Provided records:

= = = =

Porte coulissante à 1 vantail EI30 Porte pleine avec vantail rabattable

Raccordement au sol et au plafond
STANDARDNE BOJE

= = = =

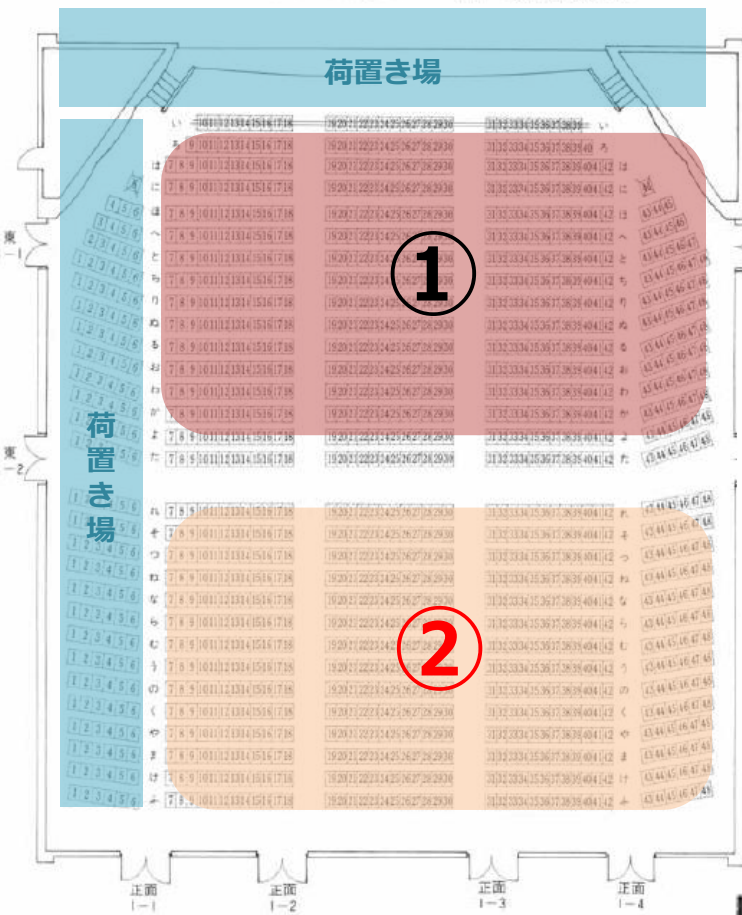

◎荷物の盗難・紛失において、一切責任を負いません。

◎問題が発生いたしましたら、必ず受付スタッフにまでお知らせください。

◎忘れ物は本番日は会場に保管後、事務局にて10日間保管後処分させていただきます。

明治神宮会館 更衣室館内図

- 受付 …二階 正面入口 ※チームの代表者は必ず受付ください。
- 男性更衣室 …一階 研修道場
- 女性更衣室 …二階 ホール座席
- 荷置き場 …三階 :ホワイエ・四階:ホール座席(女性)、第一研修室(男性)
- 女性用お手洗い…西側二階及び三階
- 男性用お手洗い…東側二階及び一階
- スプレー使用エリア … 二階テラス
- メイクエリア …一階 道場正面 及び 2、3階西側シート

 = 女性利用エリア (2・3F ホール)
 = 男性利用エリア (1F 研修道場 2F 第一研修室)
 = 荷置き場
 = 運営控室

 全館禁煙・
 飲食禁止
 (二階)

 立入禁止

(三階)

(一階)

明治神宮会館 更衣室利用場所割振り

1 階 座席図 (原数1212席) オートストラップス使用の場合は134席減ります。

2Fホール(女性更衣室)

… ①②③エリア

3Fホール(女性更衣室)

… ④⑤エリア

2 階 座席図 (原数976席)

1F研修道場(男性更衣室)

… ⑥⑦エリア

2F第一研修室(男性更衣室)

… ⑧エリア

= = = =

Problem details: Using the records above, write out exactly the lines between the one holding "Porte coulissante à" and the one holding "STANDARDNE BOJE", inclusive; leave everything else out.

Output for this task:
Porte coulissante à 1 vantail EI30 Porte pleine avec vantail rabattable

Raccordement au sol et au plafond
STANDARDNE BOJE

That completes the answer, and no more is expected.